Could you transcribe exactly the lines below, from the line with "ежедневно 10:00 - 20:00" through the line with "10 பெயர் : மலர்ஜோதி", and nothing else, leaving out the pictures?

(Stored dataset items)

[Start of Attachment]

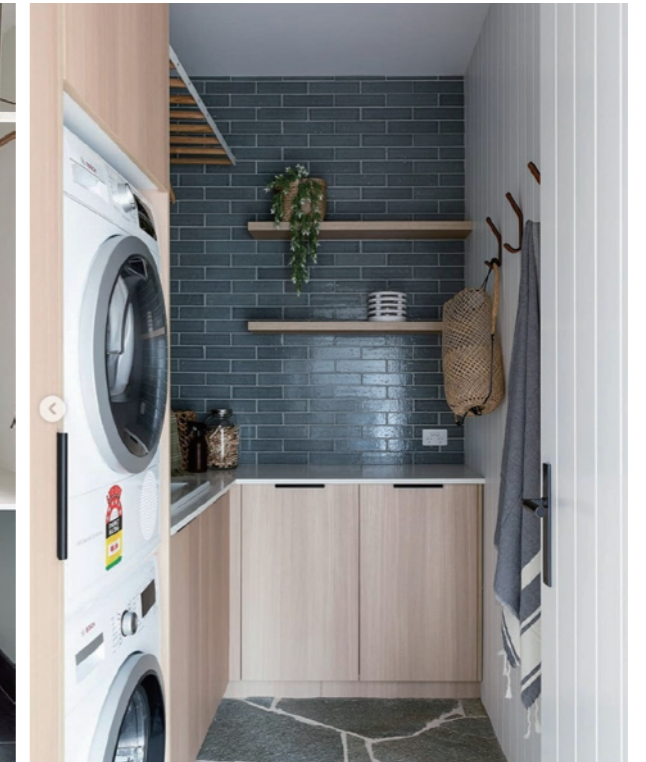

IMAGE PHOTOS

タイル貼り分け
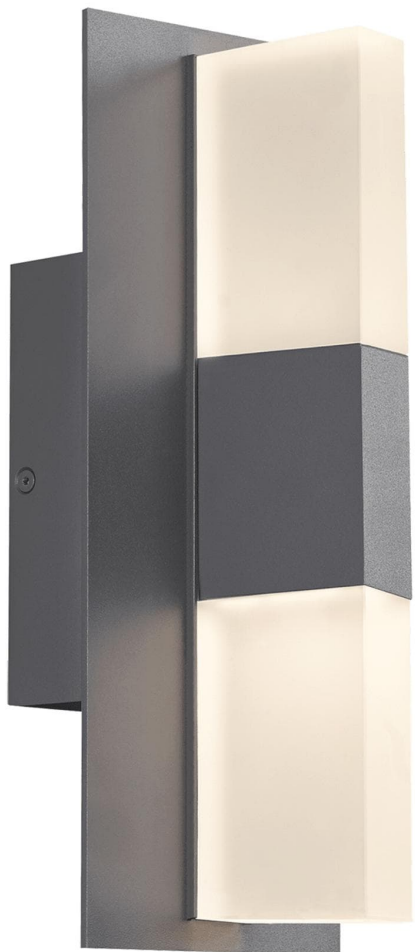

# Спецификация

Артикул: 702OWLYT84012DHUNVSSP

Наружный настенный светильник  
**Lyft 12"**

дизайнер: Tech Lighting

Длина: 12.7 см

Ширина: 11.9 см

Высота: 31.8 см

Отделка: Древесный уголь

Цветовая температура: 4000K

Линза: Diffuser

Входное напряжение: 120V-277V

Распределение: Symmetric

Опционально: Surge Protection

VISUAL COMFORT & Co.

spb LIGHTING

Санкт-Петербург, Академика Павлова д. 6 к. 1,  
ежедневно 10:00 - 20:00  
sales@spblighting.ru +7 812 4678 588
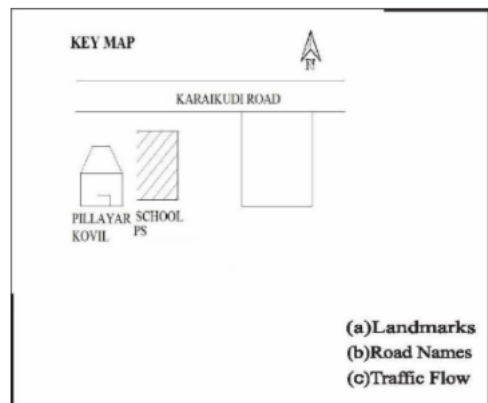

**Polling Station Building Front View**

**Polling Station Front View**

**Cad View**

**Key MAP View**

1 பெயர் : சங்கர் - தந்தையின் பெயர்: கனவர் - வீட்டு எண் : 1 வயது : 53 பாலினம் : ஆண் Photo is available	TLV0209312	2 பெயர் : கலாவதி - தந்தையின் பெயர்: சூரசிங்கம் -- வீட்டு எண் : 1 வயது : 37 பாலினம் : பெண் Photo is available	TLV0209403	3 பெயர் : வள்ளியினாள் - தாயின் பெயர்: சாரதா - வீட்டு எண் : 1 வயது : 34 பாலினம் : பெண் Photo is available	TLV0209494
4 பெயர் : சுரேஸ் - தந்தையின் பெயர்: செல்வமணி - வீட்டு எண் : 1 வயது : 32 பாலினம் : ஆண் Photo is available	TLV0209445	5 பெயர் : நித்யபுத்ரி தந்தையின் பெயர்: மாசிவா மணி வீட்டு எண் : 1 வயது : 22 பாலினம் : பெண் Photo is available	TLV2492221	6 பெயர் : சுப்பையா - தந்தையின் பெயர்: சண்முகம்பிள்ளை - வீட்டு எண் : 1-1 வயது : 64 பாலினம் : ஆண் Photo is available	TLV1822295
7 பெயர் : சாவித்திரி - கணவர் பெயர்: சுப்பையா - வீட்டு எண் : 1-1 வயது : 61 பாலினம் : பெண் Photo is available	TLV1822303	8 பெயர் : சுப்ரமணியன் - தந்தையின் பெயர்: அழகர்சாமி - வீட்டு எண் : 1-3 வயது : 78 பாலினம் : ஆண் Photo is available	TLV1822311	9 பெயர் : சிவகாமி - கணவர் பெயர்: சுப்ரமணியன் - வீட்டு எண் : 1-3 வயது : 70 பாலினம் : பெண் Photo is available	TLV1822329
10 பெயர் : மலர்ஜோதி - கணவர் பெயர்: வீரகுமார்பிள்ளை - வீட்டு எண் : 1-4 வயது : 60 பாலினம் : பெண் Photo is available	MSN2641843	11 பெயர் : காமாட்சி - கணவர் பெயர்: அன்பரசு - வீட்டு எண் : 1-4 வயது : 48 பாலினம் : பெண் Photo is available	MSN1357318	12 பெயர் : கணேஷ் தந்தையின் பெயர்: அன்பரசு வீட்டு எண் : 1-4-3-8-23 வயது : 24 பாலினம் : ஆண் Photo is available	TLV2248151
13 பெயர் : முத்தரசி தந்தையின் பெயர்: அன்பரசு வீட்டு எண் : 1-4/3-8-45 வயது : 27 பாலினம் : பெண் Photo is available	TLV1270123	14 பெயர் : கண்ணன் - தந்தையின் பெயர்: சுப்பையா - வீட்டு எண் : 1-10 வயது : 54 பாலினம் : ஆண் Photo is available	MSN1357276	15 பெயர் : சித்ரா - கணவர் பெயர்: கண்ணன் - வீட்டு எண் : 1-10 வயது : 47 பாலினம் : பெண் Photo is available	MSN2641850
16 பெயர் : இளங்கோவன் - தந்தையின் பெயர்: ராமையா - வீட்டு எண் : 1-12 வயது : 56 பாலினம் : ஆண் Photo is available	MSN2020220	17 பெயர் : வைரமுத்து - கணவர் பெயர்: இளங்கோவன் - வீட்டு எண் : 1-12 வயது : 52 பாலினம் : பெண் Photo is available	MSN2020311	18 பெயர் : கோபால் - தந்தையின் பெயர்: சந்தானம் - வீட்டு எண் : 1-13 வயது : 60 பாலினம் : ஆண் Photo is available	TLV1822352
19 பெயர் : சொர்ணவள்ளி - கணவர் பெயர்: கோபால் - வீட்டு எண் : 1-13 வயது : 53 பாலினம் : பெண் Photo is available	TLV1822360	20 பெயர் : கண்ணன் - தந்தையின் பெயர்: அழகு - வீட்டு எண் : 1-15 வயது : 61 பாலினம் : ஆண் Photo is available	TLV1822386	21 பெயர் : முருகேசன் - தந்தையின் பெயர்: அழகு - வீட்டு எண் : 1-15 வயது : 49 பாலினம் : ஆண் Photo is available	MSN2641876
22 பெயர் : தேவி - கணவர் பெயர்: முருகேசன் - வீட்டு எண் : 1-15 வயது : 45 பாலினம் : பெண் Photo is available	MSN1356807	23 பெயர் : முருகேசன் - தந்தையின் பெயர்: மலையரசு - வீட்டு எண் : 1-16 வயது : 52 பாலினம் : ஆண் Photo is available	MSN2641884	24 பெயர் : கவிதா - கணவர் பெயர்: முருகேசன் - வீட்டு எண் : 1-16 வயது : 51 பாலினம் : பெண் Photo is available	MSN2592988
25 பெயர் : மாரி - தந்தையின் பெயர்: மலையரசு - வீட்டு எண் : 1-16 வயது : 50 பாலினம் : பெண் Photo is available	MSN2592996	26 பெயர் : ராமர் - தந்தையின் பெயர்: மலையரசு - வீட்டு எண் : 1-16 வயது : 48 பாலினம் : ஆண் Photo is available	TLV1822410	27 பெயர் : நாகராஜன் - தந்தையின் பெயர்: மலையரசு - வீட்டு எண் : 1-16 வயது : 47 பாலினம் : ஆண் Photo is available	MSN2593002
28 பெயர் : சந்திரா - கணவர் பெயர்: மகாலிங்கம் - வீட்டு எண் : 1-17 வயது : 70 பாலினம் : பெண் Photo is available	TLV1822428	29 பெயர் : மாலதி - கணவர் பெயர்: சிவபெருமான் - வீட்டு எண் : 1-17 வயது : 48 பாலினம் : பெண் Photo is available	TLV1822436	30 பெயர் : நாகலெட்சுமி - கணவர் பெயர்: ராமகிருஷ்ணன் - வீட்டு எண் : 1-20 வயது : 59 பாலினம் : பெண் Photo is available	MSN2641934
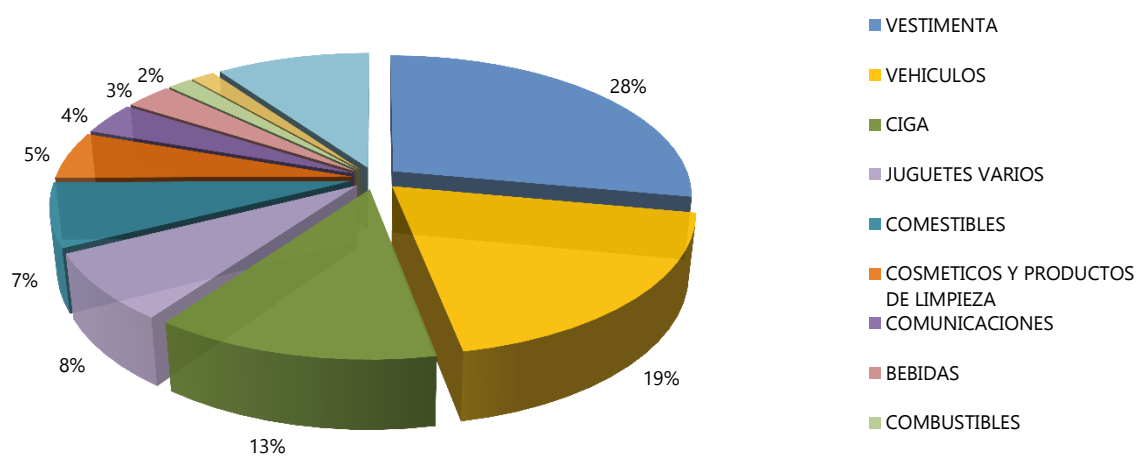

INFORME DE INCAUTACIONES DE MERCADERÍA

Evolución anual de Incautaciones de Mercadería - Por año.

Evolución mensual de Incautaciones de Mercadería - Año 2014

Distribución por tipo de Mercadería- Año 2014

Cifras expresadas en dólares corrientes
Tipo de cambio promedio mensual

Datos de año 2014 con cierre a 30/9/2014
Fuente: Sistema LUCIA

[End of Attachment]

Exercise response ->
ежедневно 10:00 - 20:00  
sales@spblighting.ru +7 812 4678 588

**Polling Station Building Front View**

**Polling Station Front View**

**Cad View**

**Key MAP View**

1 பெயர் : சங்கர் - தந்தையின் பெயர்: கனவர் - வீட்டு எண் : 1 வயது : 53 பாலினம் : ஆண் Photo is available	TLV0209312	2 பெயர் : கலாவதி - தந்தையின் பெயர்: சூரசிங்கம் -- வீட்டு எண் : 1 வயது : 37 பாலினம் : பெண் Photo is available	TLV0209403	3 பெயர் : வள்ளியினாள் - தாயின் பெயர்: சாரதா - வீட்டு எண் : 1 வயது : 34 பாலினம் : பெண் Photo is available	TLV0209494
4 பெயர் : சுரேஸ் - தந்தையின் பெயர்: செல்வமணி - வீட்டு எண் : 1 வயது : 32 பாலினம் : ஆண் Photo is available	TLV0209445	5 பெயர் : நித்யபுத்ரி தந்தையின் பெயர்: மாசிவா மணி வீட்டு எண் : 1 வயது : 22 பாலினம் : பெண் Photo is available	TLV2492221	6 பெயர் : சுப்பையா - தந்தையின் பெயர்: சண்முகம்பிள்ளை - வீட்டு எண் : 1-1 வயது : 64 பாலினம் : ஆண் Photo is available	TLV1822295
7 பெயர் : சாவித்திரி - கணவர் பெயர்: சுப்பையா - வீட்டு எண் : 1-1 வயது : 61 பாலினம் : பெண் Photo is available	TLV1822303	8 பெயர் : சுப்ரமணியன் - தந்தையின் பெயர்: அழகர்சாமி - வீட்டு எண் : 1-3 வயது : 78 பாலினம் : ஆண் Photo is available	TLV1822311	9 பெயர் : சிவகாமி - கணவர் பெயர்: சுப்ரமணியன் - வீட்டு எண் : 1-3 வயது : 70 பாலினம் : பெண் Photo is available	TLV1822329
10 பெயர் : மலர்ஜோதி - கணவர் பெயர்: வீரகுமார்பிள்ளை - வீட்டு எண் : 1-4 வயது : 60 பாலினம் : பெண் Photo is available	MSN2641843	11 பெயர் : காமாட்சி - கணவர் பெயர்: அன்பரசு - வீட்டு எண் : 1-4 வயது : 48 பாலினம் : பெண் Photo is available	MSN1357318	12 பெயர் : கணேஷ் தந்தையின் பெயர்: அன்பரசு வீட்டு எண் : 1-4-3-8-23 வயது : 24 பாலினம் : ஆண் Photo is available	TLV2248151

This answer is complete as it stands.